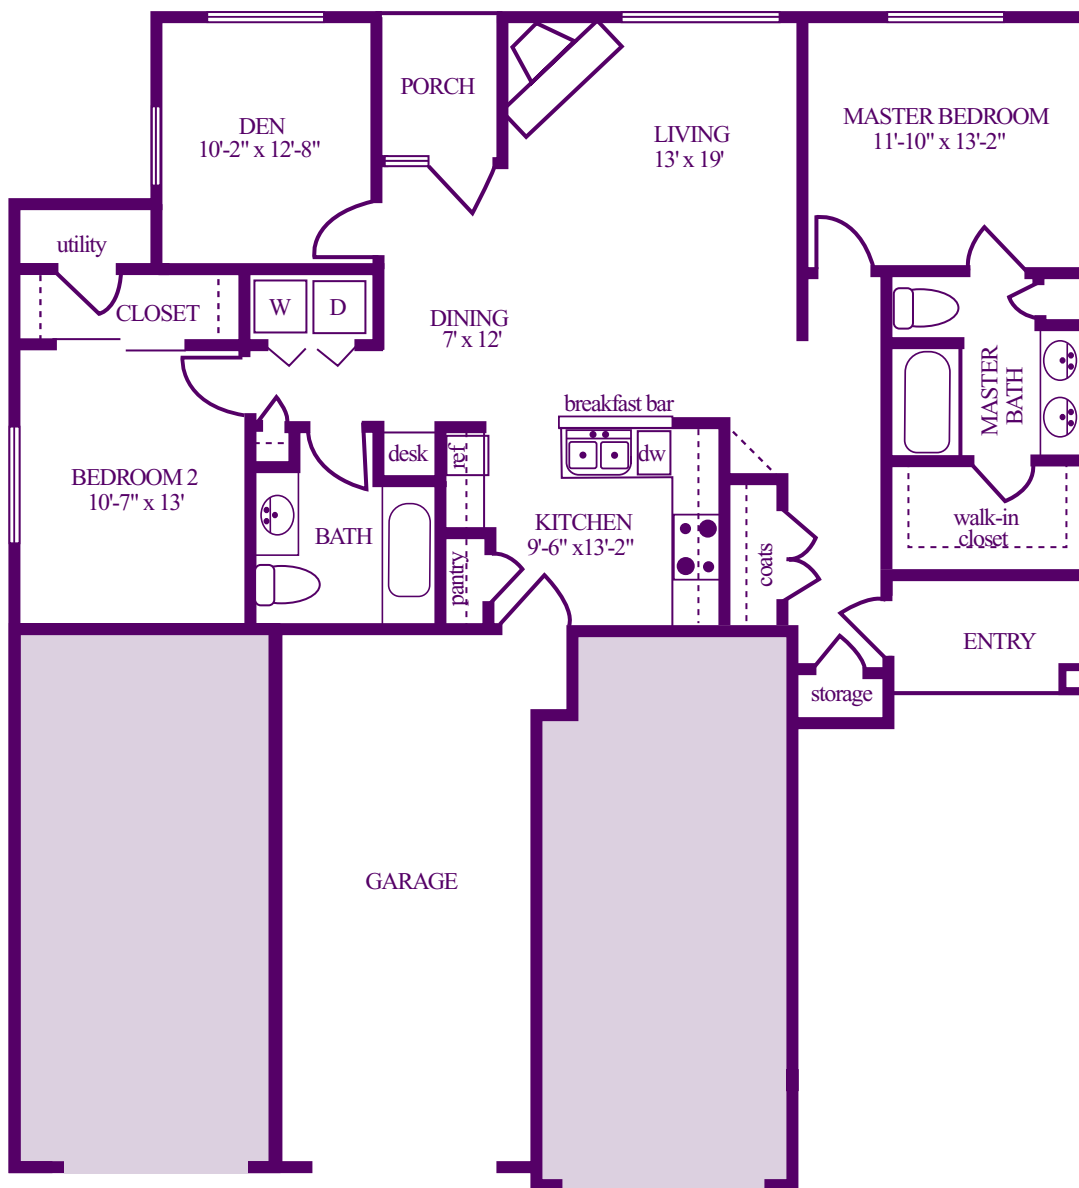

2 bedrooms / den / 2 baths

Many of these homes include your own garage. Please consult our representative.

KENSINGTON

TOTAL AREA: 1,412 Square Feet

The dimensions, size, configurations and other information contained on this sheet are subject to change without notice and are meant to be illustrative only
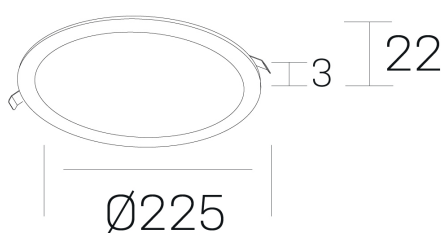

## GENERAL DETAILS

INSTALLATION	recessed with frame
FINISHES ALUMINIUM	Black-Black
LIGHT DIRECTION	Fixed
INT/EXT IP DEGREE	IP 43
MATERIAL	Aluminum
IK DEGREE	IK03
UTILIZATION	Indoor
WARRANTY	5 years

## ELECTRICAL DETAILS

LAMP	LED
POWER	20 W
COLOUR TEMPERATURE	2700K
LUMINOUS FLUX	1700 Lm
EFFICACY DIMMING	85 Lm/W
DIMABLE	Push
DRIVER	Remote
CLASS PROTECTION	II
COLOUR RENDERING INDEX	CRI >80
VOLTAGE	220-240 V
CURRENT INTENSITY	500 mA
LIFE TIME	50.000 h

## GENERAL DIMENSIONS

DIMENSIONS	Ø 225 mm
CUT OUT	Ø 210 mm
HEIGHT	h 22 mm
DIMENSIONES DE EMBALAJE	N/A

\*Please might expect a max.15% figure reduction in finishes other than white
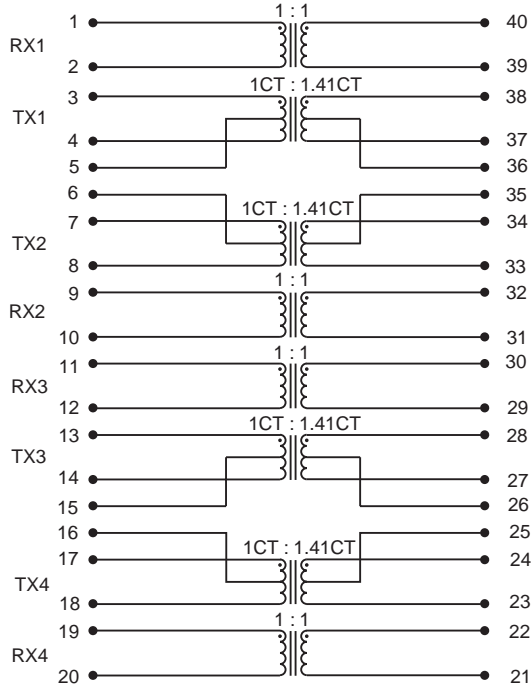

10BASE-T LAN MAGNETICS

Quad Transformer Modules

LM00501

- Transformer turns ratio RX 1 : 1 and TX 1CT : 1.41CT
- Filterless quad, four-port designs with common footprint and pinouts
- Optimized for use with stackable RJ-45 connectors
- Designs utilize standard 40 pin SMD packaging
- Low profile, surface mount packaging rated to 225° C peak IR reflow temperature
- Quad design offers best space, performance and cost efficiency
- Operating temperature 0° to 70° C
- Minimum interwinding breakdown voltage of 1500 Vrms

ELECTRICAL SPECIFICATIONS AT 25° C

Part Number	OCL Inductance μ H min	Insertion Loss dB max	Return Loss dB min	Common to Common Mode Rejection dB min		Crosstalk dB min
		1MHz to 10MHz	1MHz to 10MHz	10MHz to 30MHz	100MHz	1MHz to 10MHz
Transformers Only						
S553-2940-02	100	-1.0	-18	---	---	-40
S553-5999-54	100	-1.0	-18	---	---	-40
Transformers and Common Mode Chokes						
S553-2940-01	100	-1.0	-18	-40	-30	-40
S553-2940-03	100	-1.0	-18	-40	-30	-40
S553-2940-04	100	-1.0	-18	-40	-30	-40
S553-2940-08	100	-1.0	-18	-40	-30	-40
S553-2940-09	100	-1.0	-18	-40	-30	-40
S553-5999-38	100	-1.0	-18	-40	-30	-40

LM00501

SCHEMATICS

S553-2940-02

S553-5999-54

S553-2940-01

S553-2940-03

10BASE-T LAN MAGNETICS

Quad Transformer Modules

Dimensions are in inches [millimeters].
Standard dimension tolerance is ±0.005 [0.13] unless otherwise noted.

CORPORATE

Bel Fuse Inc.
206 Van Vorst Street
Jersey City, NJ 07302
Tel 201-432-0463
Fax 201-432-9542
www.belfuse.com
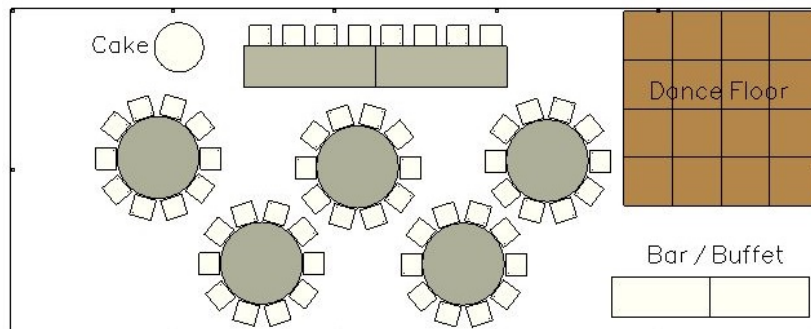

Formal Marquee Wedding Package – 60 People $3100.00 Inc GST

Package Includes

- 6m x 15m Framed Marquee
- Silk Roof Liner
- 3 Clear Walls
- Sphere Lighting
- 4m x 4m Wooden Dance Floor
- 60 Chiavari Chairs with cushions
- 5 x 1.5m Round Tables with white Linen
- Bridal Table set up to seat 10
- 2 x 2.4m Trestle Tables and white linen for food / bar tables
- 1m Round Cake Table with white Linen

Prices are subject to a site inspection and based on a flat site with easy vehicle access. Includes delivery within central Tauranga, Mt Maunganui and Papamoa.

Pricing is valid for the 2017 – 2018 season

6m x 15m Marquee

There are various optional extras that you can add to your wedding package, such as flooring, carpet, audio visual, PA Systems, clear roof sections, heating, coloured table linen and much more.

Contact our team to discuss your specific requirements.

sales@taurangapartyhire.co.nz 07 5770440 www.taurangapartyhire.co.nz
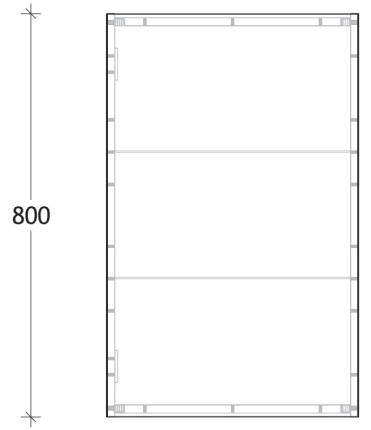

NAME:	ARCHITECTURAL SHAVER
SIZE:	500
WK/WH:	-
CONFIGURATION:	1 DOOR

1 1
 498
 500

16
 4 130
 150

1 1
 498
 500

Door comes hinged on the left hand side as standard, unless otherwise specified

* * * * *

Determine how many lines of the data include the word "GENERAL". Reply with the count and no other text.

2